Lukas Luwarso, Aktivis Bonjowi (foto: Okezone)
JAKARTA – Kontroversi ijazah Jokowi telah bereskalasi menjadi drama hukum. Dari soal asli atau palsu selembar ijazah menjadi urusan fitnah. Alih-alih urusan ilmiah menjadi ancaman pidana ala era kolonial. Pasal-pasal ala haatzai artikelen (fitnah, penghinaan, kebencian pada penguasa) dipakai untuk membungkam suara dan menutup kebenaran.
Pasal-pasal kolonial yang bertujuan mengontrol dan menghukum ekspresi, hasrat untuk merdeka, ini sebenarnya telah dihapus dari KUHP, namun dibangkitkan kembali melalui UU ITE. Dan kini dipakai kekuasaan untuk membungkam pertanyaan.

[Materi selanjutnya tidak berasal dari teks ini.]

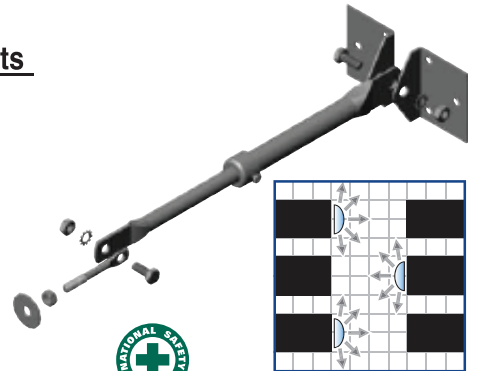

Proud Member

SAFT-GARD
International, Inc.

On The Web:
www.saftgard.com

Toll Free:
800.548.4273

Gelar perkara untuk menguji sah-tidaknya proses hukum pidana “perkara gelar” ini telah digelar. Krisis kepercayaan publik pada objektivitas dan independensi penyidikan kepolisian adalah alasan gelar perkara khusus ini diadakan. Untuk menguji prosedur: apakah konstruksi hukumnya tepat, apakah alat buktinya cukup, dan apakah penyidik bekerja tanpa konflik kepentingan (politik), dan apakah kesimpulan “fitnah” beralasan,
KUHP tidak dirancang untuk menguji atau meneliti keaslian ijazah. Hukum pidana bukan untuk mengadili dokumen; tapi untuk mengadili perbuatan pidana. Jika perlu ada pengadilan, maka yang harus dibuktikan di pengadilan adalah rangkaian tindakan pemalsuannya. Siapa pelakunya, kapan, di mana, dengan cara apa, dan dengan niat jahat apa? Ijazah bukan subyek hukum, jadi tidak bisa diadili. Cuma bisa diteliti.
Ijazah adalah produk proses administratif institusional yang panjang. Hasil dari pencatatan, penilaian, kearsipan, dan prosedur yang berlangsung bertahun-tahun. Pengujian keasliannya tidak dilakukan di mimbar pengadilan, tapi melalui penelitian forensik dokumen. Uji tinta, kertas, tanda tangan, stempel, penomoran, dokumen pendukung, dan sejenisnya.
Di berbagai negara, kontroversi dokumen pejabat publik tidak diproses di pengadilan pidana. Di Amerika, kontroversi akta kelahiran Barack Obama selesai dengan ditunjukkan, tanpa dakwaan pidana. Di Jerman, gelar akademik menteri pertahanan, Karl-Theodor Guttenberg, dicabut dan harus mengundurkan diri karena plagiarisme, tanpa perlu dipidana. Di Rumania, Perdana Menteri Victor Ponta yang melakukan plagiarisme disertasi, legitimasi politiknya runtuh tanpa vonis pidana.
Dalam kasus pemalsuan dokumen yang kental bernuansa politis (terkait pejabat publik) problem utama adalah legitimasi. Bagaimana negara mengelola kebenaran, transparansi, dan kepercayaan publik. Jika tujuannya adalah kepastian moral, jalurnya bukan pidana, melainkan verifikasi administratif yang terbuka, audit arsip independen, dan komunikasi publik yang jujur. Pengadilan pidana bukan untuk menentukan asli–palsu ijazah.